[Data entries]
++++

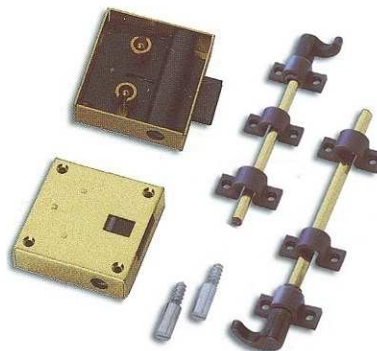

Cerradura embutir
 Se aconseja llave de 28 mm.
 Embalaje: 1 / 12 uds.

- 01701.0206 - Aguja 30 mm.
- Cerradura embutir puerta corredera
 Se aconseja llave de 28 mm.
 Embalaje: 1 / 12 uds.

- 01702.0207.20 - Aguja 20 mm.
 - 01702.0207.25 - Aguja 25 mm.
 - 01702.0207.30 - Aguja 30 mm.
- Cerradura sobreponer
 Se aconseja llave de 42 mm.
 Embalaje: 1 / 12 uds.

- 01702.0208 - Aguja 11 mm.
- Cerradura sobreponer vitrina
 Se aconseja llave de 42 mm.
 Dimensiones: 60x22 mm.
 Embalaje: 1 / 12 uds.

Llaves:

- 01710.000V.D - Llave "V" latón dorada de 28-42mm.
- 01710.000V.B - Llave "V" latón bronce de 28-42mm.
- 01710.000A.D - Llave "A" latón dorada de 32-42-59 mm.
- 01710.000A.N - Llave "A" latón níquel de 32 mm.
- 01710.000E - Llave "E" latón bronce de 36 mm.

Fallebas sobreponer

- 01703.0215 - Falleba latonado
- 01703.0215.A - Jgo. accesorios
- 01713.0215.P - Varilla pavonado 1,25 mt.

Falleba sobreponer metálica
 Se aconseja llave de 42 mm.
 Embalaje: 1 / 12 uds.

Falleba sobreponer bombillo Ø17x20 mm.
 Embalaje: 1 / 10 uds.

- 01703.0223.N - Falleba níquel E-15 mm.
- 01703.0223.B - Falleba bronce E-15 mm.
- 01703.0223.XN - Accesorios falleba níquel
- 01703.0223.XB - Accesorios falleba bronce
- 01713.0223.N1 - Varilla níquel 1 mt.
- 01713.0223.N2 - Varilla níquel 1,50 mt.
- 01713.0223.B1 - Varilla bronce 1 mt.
- 01713.0223.B2 - Varilla bronce 1,30 mt.
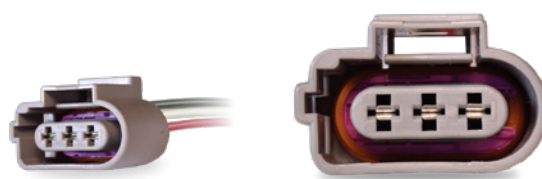

CIP3034
THB03C - Conector de **3 vías** con cable N° 18
891401
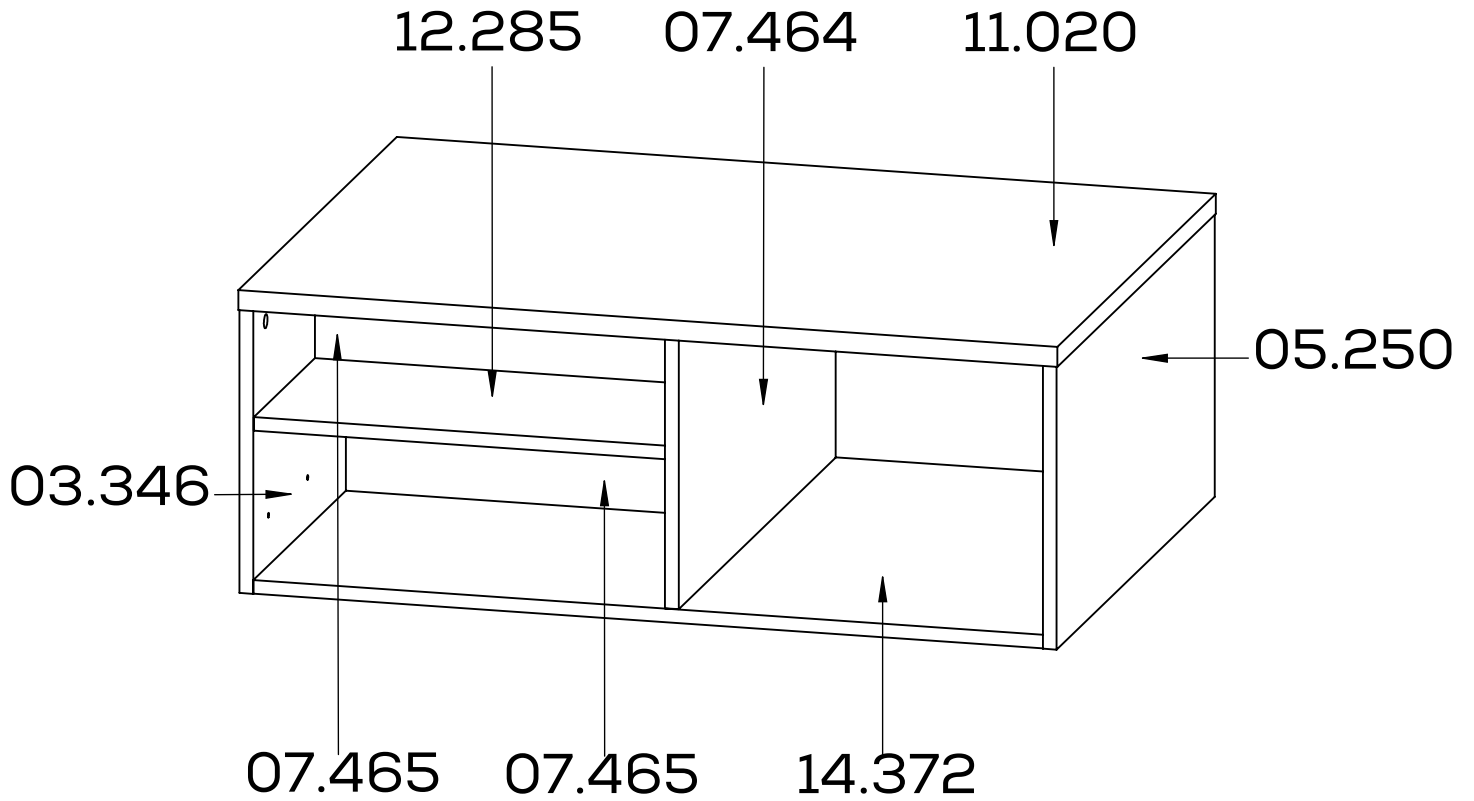

03.06.2019

1

45 min

maja-moebel.de

++++

_WHAT IS BEING ASKED_
The final stretch of the data, from the line with "- 01713.0223.B1 - Varilla bronce 1 mt." through its last line, is to be retyped exactly; pictures are not part of the copy.

_SOLUTION FOR THIS PROBLEM_
- 01713.0223.B1 - Varilla bronce 1 mt.
- 01713.0223.B2 - Varilla bronce 1,30 mt.

CIP3034
THB03C - Conector de **3 vías** con cable N° 18
891401

03.06.2019

1

45 min

maja-moebel.de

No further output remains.